For those of you that aren’t familiar, HRC stands for The Human Rights Campaign, which is the leading LGBT (lesbian, gay, bisexual, transgendered) rights organization.  Okay, so you’re not part of the LGBT community.  That’s fine.  There’s 10% of the population that is, and there are people who will often choose organizations based on their corporate actions (how they treat women and minorities, including LGBT workers).

I’m happy to say that my 3 primary airlines (Alaska Air, American Airlines, and Delta) and my primary hotel chain (Marriott) all have a 100% rating from the HRC.  If you look down the list, there are others; Southwest has a 95 rating, United has an 88 rating, Hertz Rent a Car has a 70 rating, with Skywest one of the lowest at 15, and Frontier and Midwest both with big honking 0 ratings.  (Personally, I didn’t know that about Frontier; I was going to fly them in January to see how they’ve changed since the last time I’ve flown them in 2010; now I know I won’t even bother!).

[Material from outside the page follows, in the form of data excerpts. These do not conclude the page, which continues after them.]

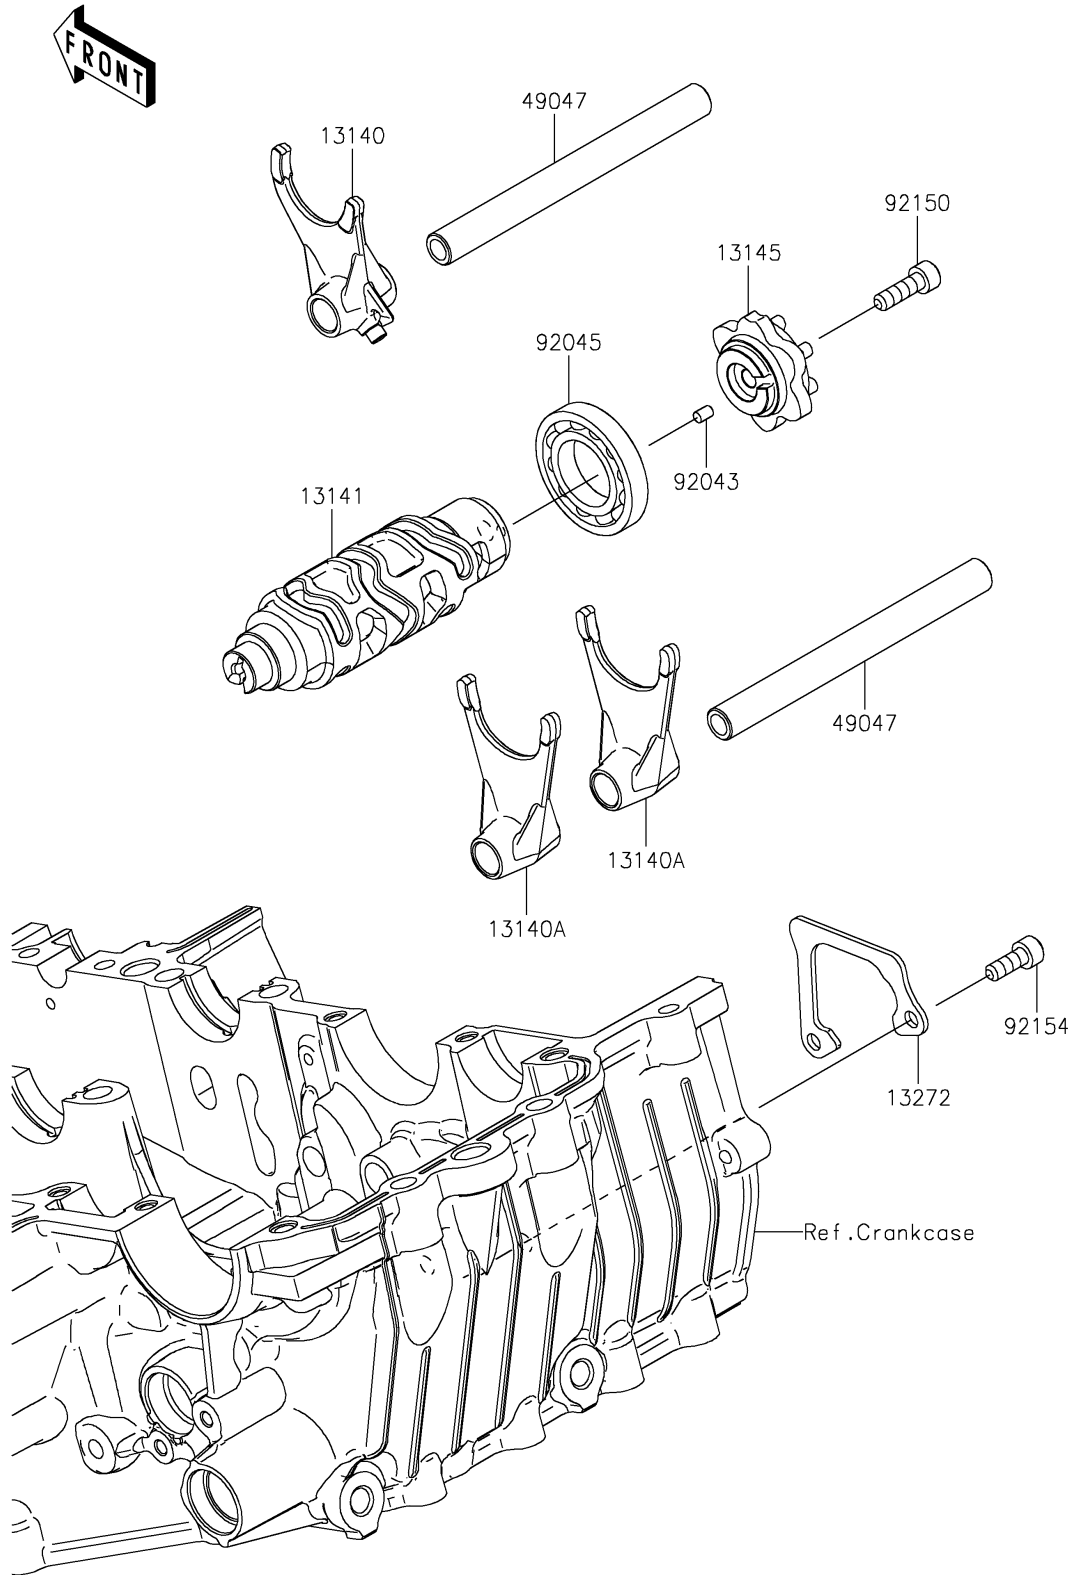

2025 Z500 PARTS DIAGRAM

Gear Change Drum/Shift Fork(s)

E1362

2025 Z500 PARTS LIST

Gear Change Drum/Shift Fork(s)

ITEM NAME	PART NUMBER	QUANTITY
FORK-SHIFT,IN (Ref # 13140)	13140-0662	1
FORK-SHIFT,OUT (Ref # 13140A)	13140-0663	2
DRUM-CHANGE (Ref # 13141)	13141-0597	1
CAM-CHANGE DRUM (Ref # 13145)	13145-0570	1
PLATE (Ref # 13272)	13272-2374	1
ROD-SHIFT (Ref # 49047)	49047-0634	2
PIN,4X6 (Ref # 92043)	92043-1744	1
BEARING-BALL,16005 (Ref # 92045)	92045-1045	1
BOLT,SOCKET,6X20 (Ref # 92150)	92150-1880	1
BOLT,SOCKET,6X16 (Ref # 92154)	92154-0235	2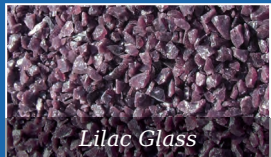

Shown below are a selection of recycled glass and natural stone chippings perfect for complimenting any kerb set

Cobalt Blue Glass

Green Glass

Turquoise Glass

Ice White Glass

Lilac Glass

White Quartz

Polished Pebbles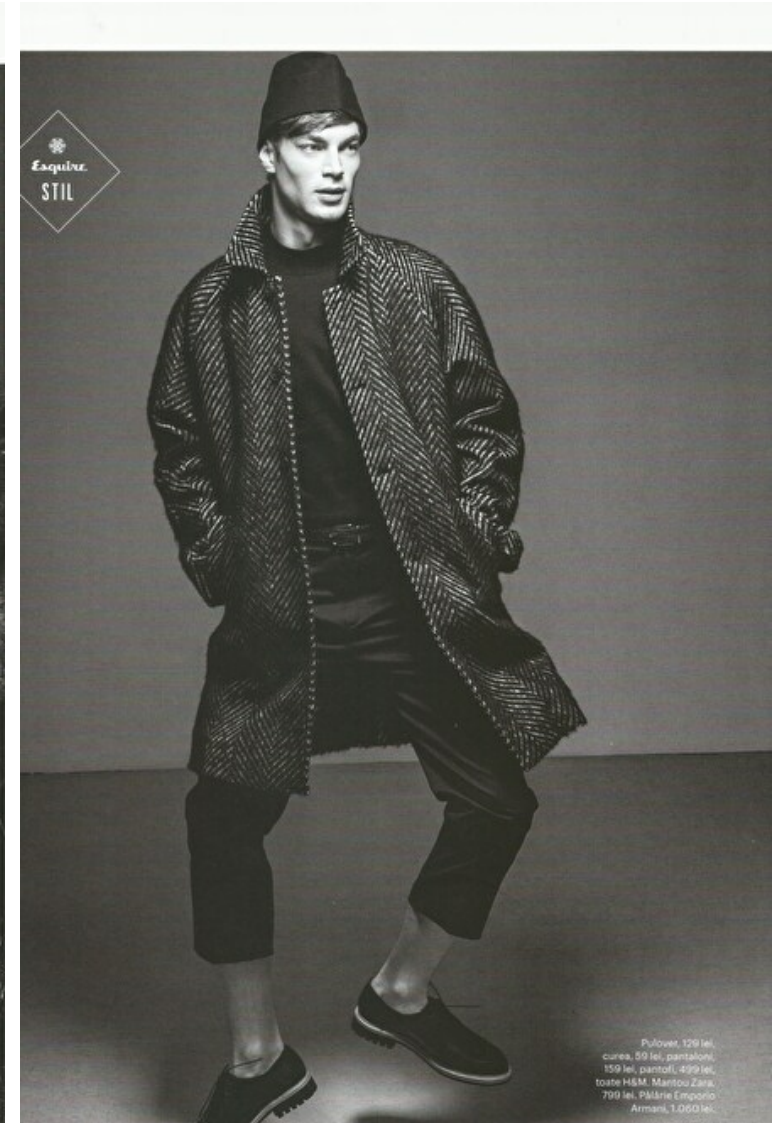

## Marian Dragan

Height 189cm / 6' 2.5"

Chest 98cm / 38.5"

Waist 80cm / 31.5"

Hips 95cm / 37.5"

Eyes Blue

Hair Brown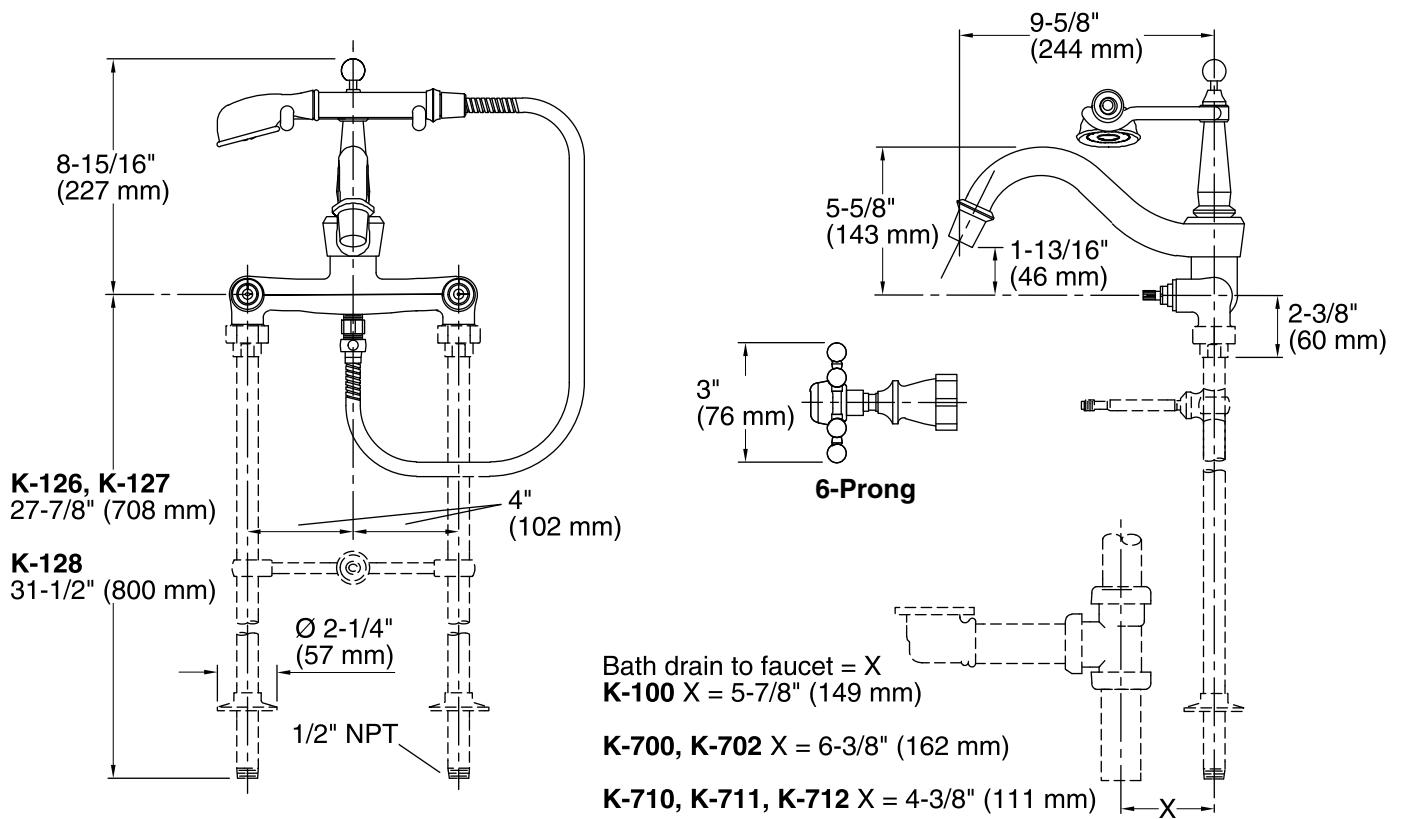

Features

- Solid-brass construction.
- Traditional handshower with 60" (1524 mm) hose.
- 1/2" (13 mm) quarter-turn washerless ceramic disk valves.
- Diverter spout: 9-5/8" (244 mm) reach inlet to outlet.
- Height base: 1-13/16" (46 mm) base to outlet.
- Variety of handle style options.

Color tiles intended for reference only.

Color	Code	Description
	CP	Polished Chrome
	PB	Vibrant® Polished Brass
	BN	Vibrant® Brushed Nickel

Antique Antique Floor- or wall-mount bath faucet K-110-3

Technical Information

All product dimensions are nominal.

Notes

Install this product according to the installation guide.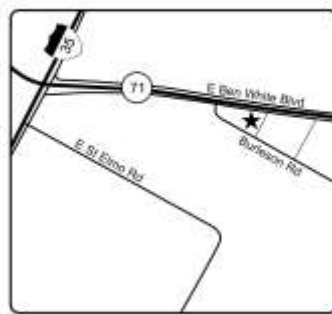

Austin
4906 Burleson Rd
M-F 6AM-6PM
Sat 6AM-12PM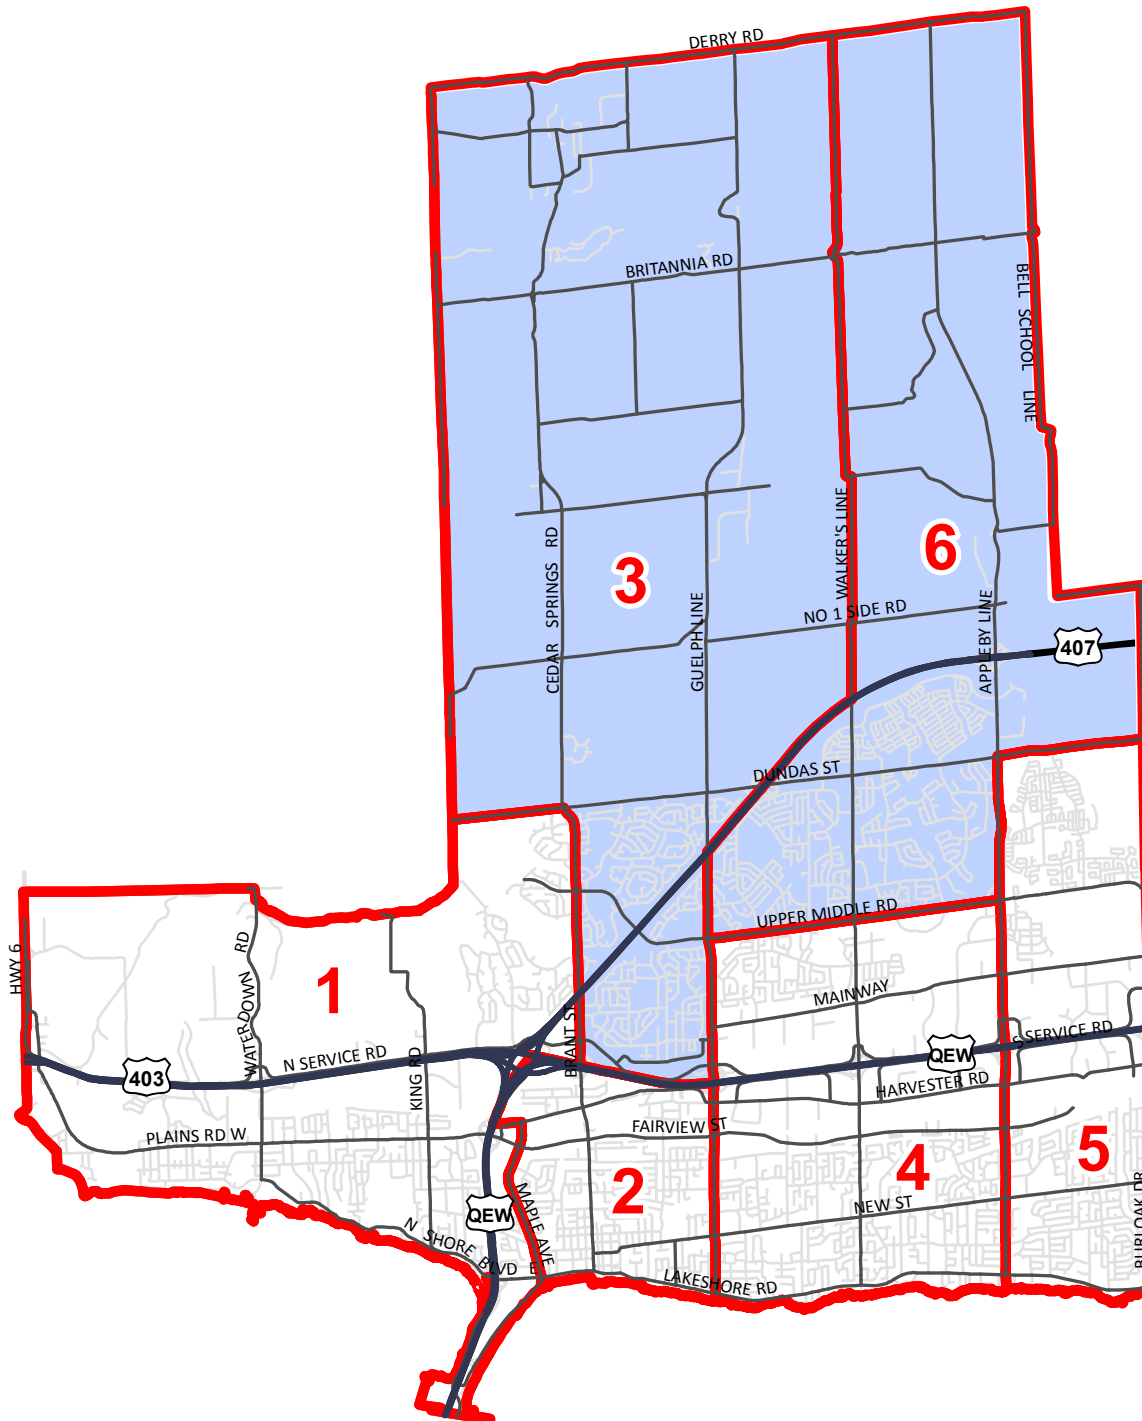

Burlington

Andrea Grebenc
Wards 3 & 6

The current street network was provided by the Regional Municipality of Halton and the Region assumes no responsibility or liability for its use or accuracy.

Proposed roads are subject to change.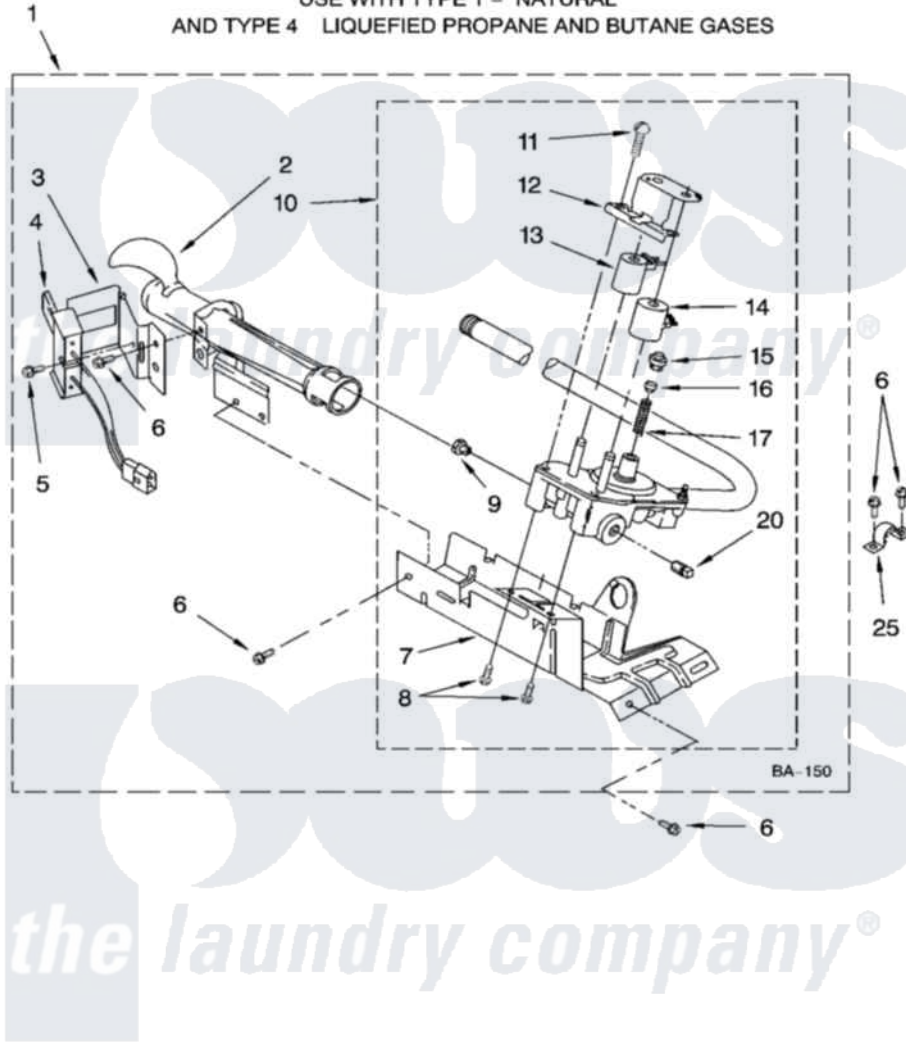

Whirlpool 7MLGC9545JQ5 04 - 8318272 BURNER ASSEMBLY

8318272 BURNER ASSEMBLY

For Model: 7MLGC9545JQ5
(Designer White)

USE WITH TYPE 1 - NATURAL
AND TYPE 4 LIQUEFIED PROPANE AND BUTANE GASES

8180282

7

Whirlpool [Residential Whirlpool 7MLGC9545JQ5 Dryer Parts](#) Parts Diagram 04 - 8318272 BURNER ASSEMBLY
Click on the part number to view part

Item	Original Part Number	Replaced By	Status	Part Description
1	8318272	W10465748		Burner-Gas
2	688617	693140		Burner
3	694298			Bracket, Ignitor
4	686590	279311		Ignitor
5	3393909			Screw, 8-32 X 7/8
6	343641	681414		Screw, 10AB X 1/2
7	693986			Base, Burner
8	3387057			Screw, 10-16 X 1/2 Orifice, Burner
9	234826			Orifice, Burner Type 1
"	229742			Orifice, Burner
"	234868			Orifice, Burner
10	8318277	W10337269		Valve-Gas
11	694421			Screw, Bracket Mounting
12	694538			Bracket, Shunt
13	694540			Coil, 60 Hz
14	694539			Coil, 60 Hz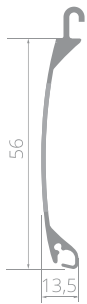

MINILOOK 56

ROLL-UP GRILLES

PARAMETERS

Maximum width

Aluminium overhead 6,6 cm 400 cm

Maximum height

Aluminium box 25 cm 400 cm

Travelling steel wall brackets 400 cm

Maximum surface area 15 m²

Aluminium sides 20,5 i 25 cm

MiniLook profile 56

Profile height 5,6 cm

Profile thickness 1,4 cm

Curtain weight 7 kg/m²

Manual drive (available from 100 cm total width) * Lock + spring

Electric drives (available from 100 cm total width) * POLFEN[®] somfy

* with width below 100 cm is sold as a gate component

DIMENSIONS

Dimensions of the holes

Dimensions of the holes

COLOUR SCHEME

STANDARD COLOURS
 ANY RAL COLOUR

Attention: The presented colours are for reference only and may slightly differ from the actual colours.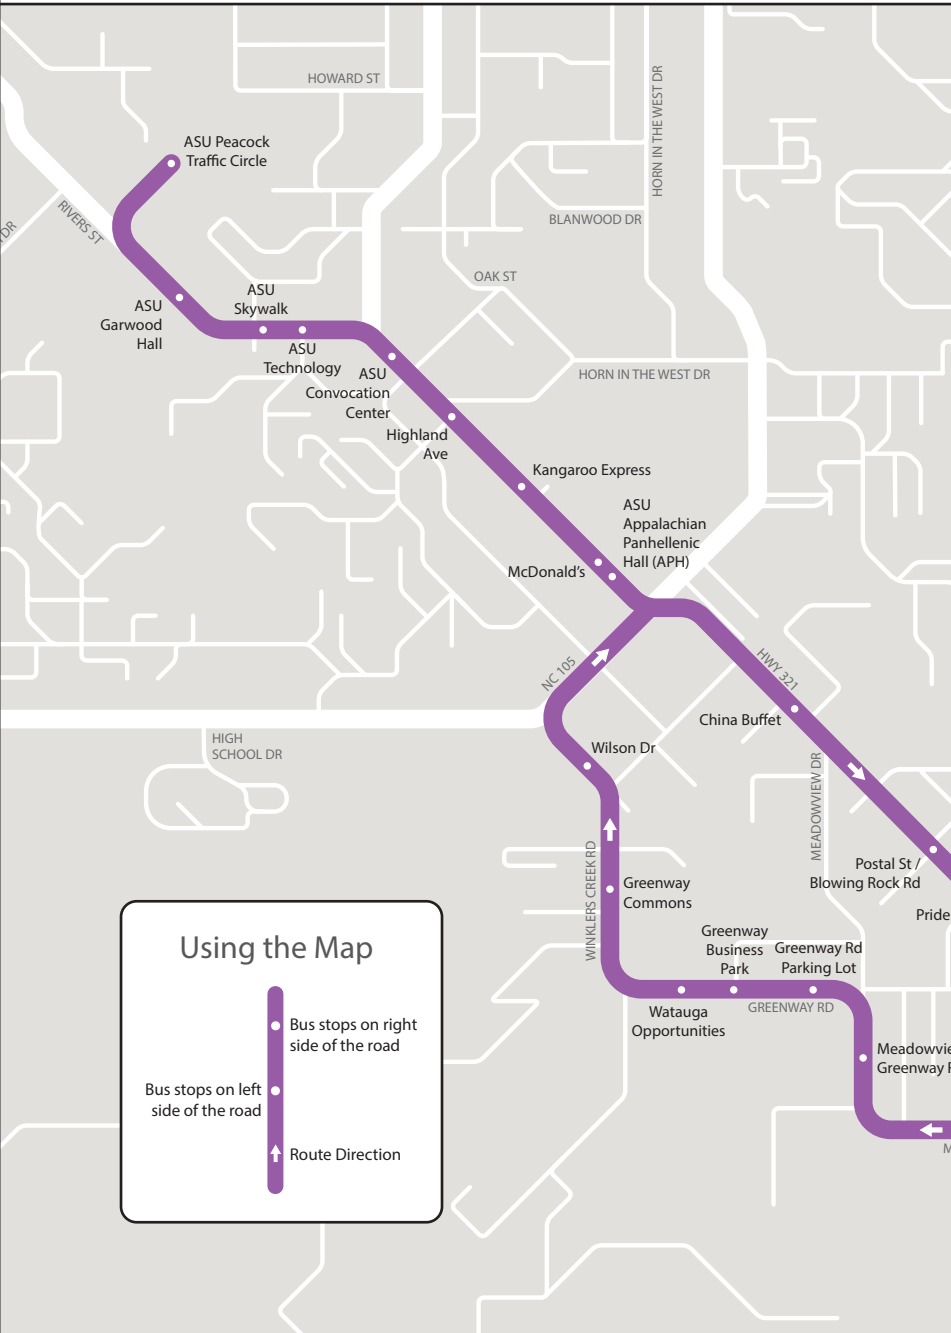

ASU Peacock Traffic Circle - Rivers St - Hwy 321 - Meadowview Dr - Greenway Rd - Winkler's Creek Rd

Purple							
Stop Name	Monday - Friday						Break (M - F)
	7:00 am - 3:14 pm			3:15 pm - 6:01 pm		6:02 pm - 10:01 pm	7:00 am - 7:36 pm
	Bus 1	Bus 2	Bus 3	Bus 1	Bus 2	Bus 1	Bus 1
ASU Peacock Traffic Circle (Departs) ▲	:45 :15	:35 :05	:25 :55	:20 :50	:05 :35	:20 :50	:55 :25
ASU Garwood Hall ▲							
ASU Technology ▲							
ASU Convocation Center ▲							
Highland Ave							
McDonald's							
China Buffet	:20	:10	:00				:00
Postal St / Blowing Rock Rd							
Pride Dr	:52 :22	:42 :12	:32 :02	:27 :57	:12 :42	:27 :57	:02 :32
Meadowview Dr / US 321							
Village At Meadowview (Arrives) ▲	:56 :26	:46 :16	:36 :06	:31 :01	:16 :46	:31 :01	:06 :36
Village At Meadowview (Departs) ▲	:57 :27	:47 :17	:37 :07	:32 :02	:17 :47	:32 :02	:07 :37
Meadowview Dr / Madison Ave							
Meadowview Dr / Greenway Rd							
Greenway Rd Parking Lot							
Greenway Business Park							
Greenway Commons ▲							
Wilson Dr							
ASU Appalachian Panhellenic Hall (APH) ▲	:06 :36	:56 :26	:46 :16	:41 :11	:26 :56	:41 :11	:16 :46
Kangaroo Express							
ASU Skywalk ▲							
ASU Peacock Traffic Circle (Arrives)	:10 :40	:00 :30	:50 :20	:45 :15	:30 :00	:45 :15	:20 :50

*Purple Bus 3 ends service at 3:14pm.
Bold = First Bus ▲ = Shelter

Using the Map

- Bus stops on right side of the road
- Bus stops on left side of the road
- ↑ Route Direction

Download the Nextbus app for real time bus location updates

Now talking about United specifically.

So they have an 88% rating with the Human Rights Campaign, which means they can do better.  And what’s the first thing they should do?  They should address the ugly issue that came up this past weekend where a gay couple was denigrated when trying to use a United Club in Denver, including being called “faggots” and “idiots”, among other stuff.

So come on, United.  Denounce this manager’s action and use it as a teaching opportunity for your entire organization.

Personally, I don’t see this happening.  I’ve flown United a dozen times over the last ten years, and every time (without fail), the customer service is downright horrid.  I mean talking down to passengers, at a minimum.  Last time I flew them, I was standing near the gate desk in SFO, and the 3 flight crew were ten feet from me – and were talking smack about passengers.  It’s like a trained thing for United flight crews; day 1 is emergency training, days 2 through 5 is “creative customer insulting”.